In Bath, there has been a 40% reduction in admissions to the local district hospital, thanks to a pilot scheme involving regular visits to a care home. I am going to see this in Bath for myself tomorrow.
In Blackpool, when people visit A & E the front desk is manned by primary care staff. They assess whether they need emergency care or out of hours primary care. The result is that over 20% of people who visit are sent to the out of hours service, freeing up resources in A & E and, in the long run, saving money.
And in Witney patients with long-term conditions are offered a 24 hour helpline, with people trained to listen to their problems and prevent a medical crisis. In short – more support means a better experience for patients and a more sustainable healthcare system.
Having been talked about for so many years, integration is finally becoming a reality.
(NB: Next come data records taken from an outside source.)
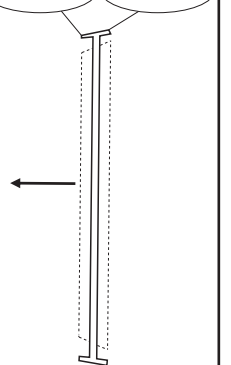

## COMPONENT LIST - String-4pcs set

Part	Reference Image/Description	Qty	Part	Reference Image/Description	Qty
A	 Left arm	3	J	 (2cm longer than the rear bar) Sofa front support bar	1
B	 Right arm	3	J-1	 Sofa rear support bar	1
C	 Back	2		 Chair seat cushion	2
D	 Seat	2		 Sofa seat cushion	1
E	 Chair left leg	3	K	 Table top frame	1
E-1	 Chair right leg	3	L	 Table glass	1
F	 (2cm longer than the rear bar) Chair front support bar	2	M	 Table leg	2
F-1	 Chair rear support bar	2	S	 M6X35mm Bolt	23
G	 Sofa back	1	S-1	 M6X15mm Bolt	56
H	 Sofa seat	1	W	 M4 Allen Key	1

\*The quantities above are the correct amount to complete the assembly. In some case more fittings may be supplied than required.

**1** Use S screw to secure the connection

**2** Use S screw to secure the connection

**This is very important!**

This side up! This side down!

**1** Use S screw to secure the connection

**2** Use S screw to secure the connection

**3**

**4** This is very important!

1

Use S-1 screw to secure the connection

Patients are at last being treated in these complex systems as people - with a seamless service responding to their personal needs - rather than as objects being processed by various disjointed systems. And I hope we will see a step-change in the progress we make from next April.
Electronic health records
The final change we need to make to out of hospital care concerns electronic health records.
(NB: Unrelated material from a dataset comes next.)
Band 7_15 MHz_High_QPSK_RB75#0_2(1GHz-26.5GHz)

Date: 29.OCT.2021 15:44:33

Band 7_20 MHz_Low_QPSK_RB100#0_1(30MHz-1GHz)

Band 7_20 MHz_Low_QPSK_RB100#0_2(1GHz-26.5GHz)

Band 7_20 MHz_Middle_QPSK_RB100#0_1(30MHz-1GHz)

The last government may have got the implementation of NHS IT contracts wrong, but they were right to try. We must not let the fear of making the same mistake again deter us from making vital and necessary changes.
It is shocking that when a vulnerable older person is admitted to A & E, the hospital typically knows nothing about their medication or medical history. 44 people died last year in the NHS because they were given the wrong medicine – and we know we could reduce this significantly if prescription histories were available in hospitals.
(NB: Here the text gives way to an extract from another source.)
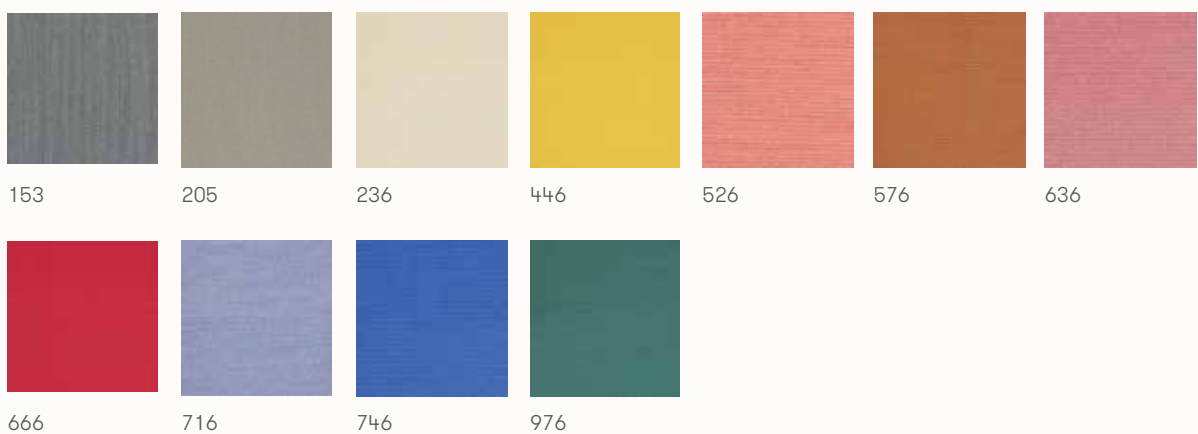

Steelcut Trio 3 - Band 6

Equally shocking in this day and age is that a paramedic can pick up someone on a 999 call without knowing if they are a diabetic or someone who has dementia – information that could be critical in giving that person the right care or treatment.
Nor should the social care system be operating in a technological silo that is unable to speak to the NHS. Medical notes and histories should be available anywhere in the system whenever a patient gives consent – whether a care home, a hospital, a GP surgery or indeed 111.
I’ve said the NHS must be paperless by 2018 – and last week announced we will be increasing investment over the next two years to £1 bn. But let’s be clear: we won’t repeat the mistakes made before. I will not be signing any contracts at the Department of Health, you’ll be pleased to hear. Instead we will be supporting local initiatives.
But as a result of that investment, I expect to see a transformation in the number of vulnerable older people whose records and care plans can be accessed in different parts of the system – and a transformation in their care as a result.
Conclusion
Proactive primary care, integration of health and social care and proper use of electronic health records and care plans: taken together these will transform the quality of care received by vulnerable older people in the NHS over the next two years.
And we then need to ask what equivalent changes are necessary for the other groups of people, people with long-term conditions, for mothers and young children, and for the usually healthy. I will return to these at a later date.
But for now let me reiterate my certainty that with ambition, vision and courage we can protect the NHS’s sustainability even at a time of unprecedented financial pressure – and significantly improve care for vulnerable older people at the same time.
And I want to thank everyone in the room for your help in making this happen.